▸ **About this exercise**
Leaving the pictures aside, transcribe the data below exactly.
--- Supplied records Enclosed Below ---
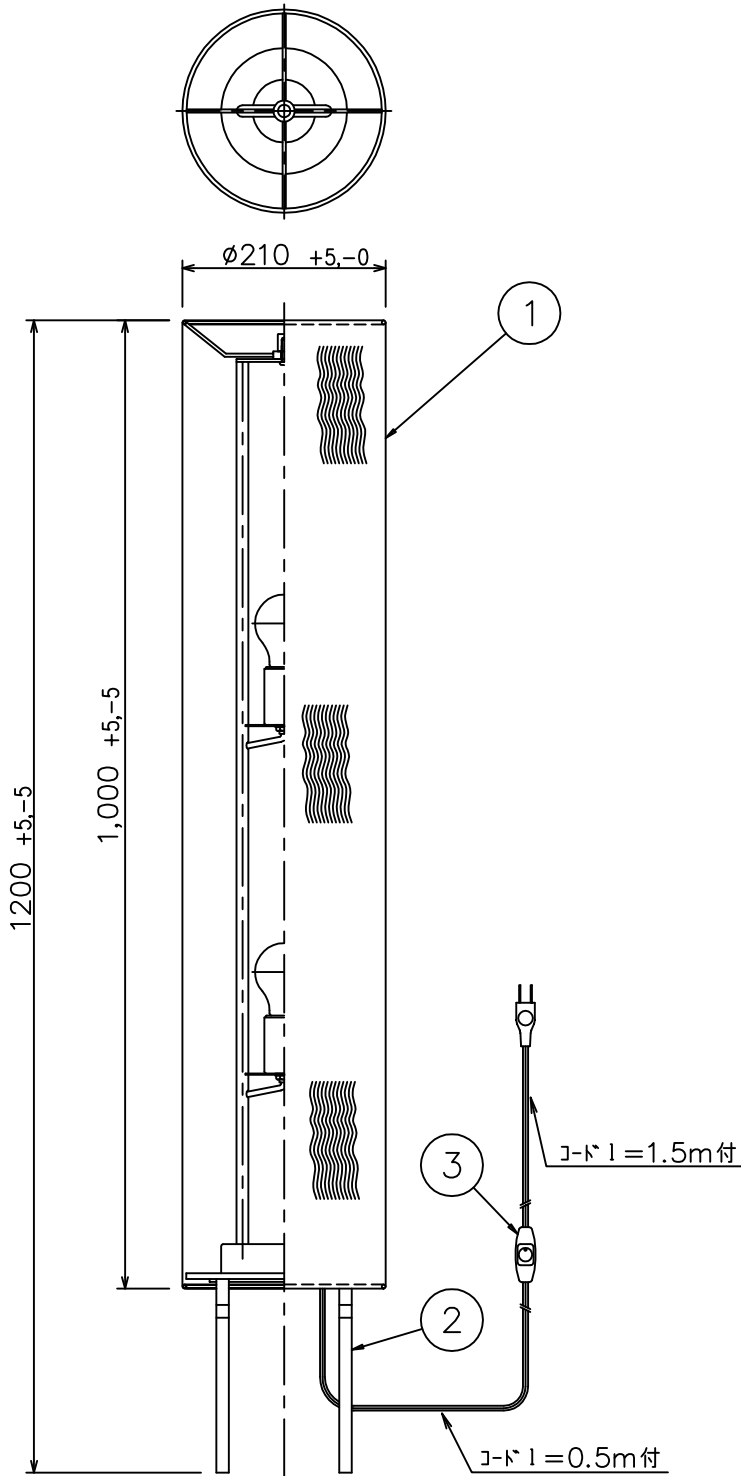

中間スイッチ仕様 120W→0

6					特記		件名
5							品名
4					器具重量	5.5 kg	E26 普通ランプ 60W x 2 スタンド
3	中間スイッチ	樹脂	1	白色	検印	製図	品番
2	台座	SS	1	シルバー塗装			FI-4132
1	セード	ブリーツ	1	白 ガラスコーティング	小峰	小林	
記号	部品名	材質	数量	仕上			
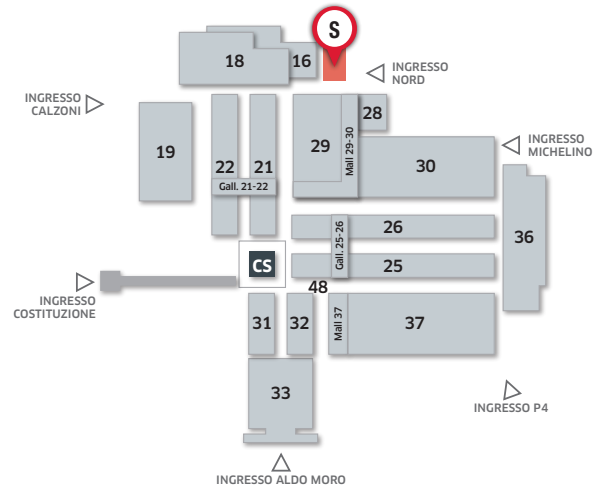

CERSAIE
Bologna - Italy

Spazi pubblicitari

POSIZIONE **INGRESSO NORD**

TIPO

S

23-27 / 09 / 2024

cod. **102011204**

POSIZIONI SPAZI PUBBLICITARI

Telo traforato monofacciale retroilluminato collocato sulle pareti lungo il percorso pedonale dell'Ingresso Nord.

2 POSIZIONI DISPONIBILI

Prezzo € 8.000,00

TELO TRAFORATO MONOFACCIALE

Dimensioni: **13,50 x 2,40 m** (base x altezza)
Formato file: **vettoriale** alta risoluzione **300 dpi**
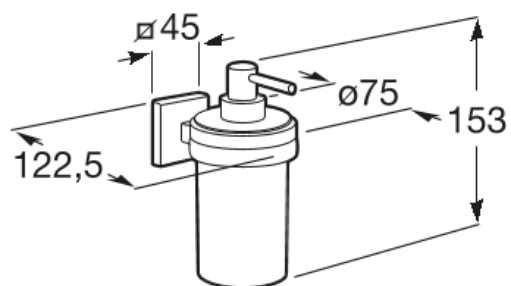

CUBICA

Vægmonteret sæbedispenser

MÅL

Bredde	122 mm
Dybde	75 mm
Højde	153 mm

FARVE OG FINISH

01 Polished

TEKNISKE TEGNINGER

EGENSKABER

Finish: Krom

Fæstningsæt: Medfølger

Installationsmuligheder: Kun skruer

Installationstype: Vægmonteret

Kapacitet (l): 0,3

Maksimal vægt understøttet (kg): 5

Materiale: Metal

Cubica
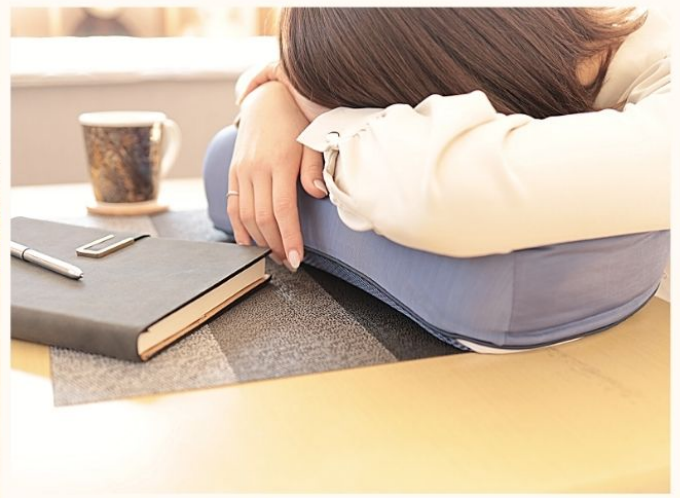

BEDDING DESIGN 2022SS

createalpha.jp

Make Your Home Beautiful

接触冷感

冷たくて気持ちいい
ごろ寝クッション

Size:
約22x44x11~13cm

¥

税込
--- End of Enclosed Supplied records ---
▸ **Your solution**
中間スイッチ仕様 120W→0

6					特記		件名
5							品名
4					器具重量	5.5 kg	E26 普通ランプ 60W x 2 スタンド
3	中間スイッチ	樹脂	1	白色	検印	製図	品番
2	台座	SS	1	シルバー塗装			FI-4132
1	セード	ブリーツ	1	白 ガラスコーティング	小峰	小林	
記号	部品名	材質	数量	仕上			

CERSAIE
Bologna - Italy

Spazi pubblicitari

POSIZIONE **INGRESSO NORD**

TIPO

S

23-27 / 09 / 2024

cod. **102011204**

POSIZIONI SPAZI PUBBLICITARI

Telo traforato monofacciale retroilluminato collocato sulle pareti lungo il percorso pedonale dell'Ingresso Nord.

2 POSIZIONI DISPONIBILI

Prezzo € 8.000,00

TELO TRAFORATO MONOFACCIALE

Dimensioni: **13,50 x 2,40 m** (base x altezza)
Formato file: **vettoriale** alta risoluzione **300 dpi**

CUBICA

Vægmonteret sæbedispenser

MÅL

Bredde	122 mm
Dybde	75 mm
Højde	153 mm

FARVE OG FINISH

01 Polished

TEKNISKE TEGNINGER

EGENSKABER

Finish: Krom

Fæstningsæt: Medfølger

Installationsmuligheder: Kun skruer

Installationstype: Vægmonteret

Kapacitet (l): 0,3

Maksimal vægt understøttet (kg): 5

Materiale: Metal

Cubica

BEDDING DESIGN 2022SS

createalpha.jp

Make Your Home Beautiful

接触冷感

冷たくて気持ちいい
ごろ寝クッション

Size:
約22x44x11~13cm

¥

税込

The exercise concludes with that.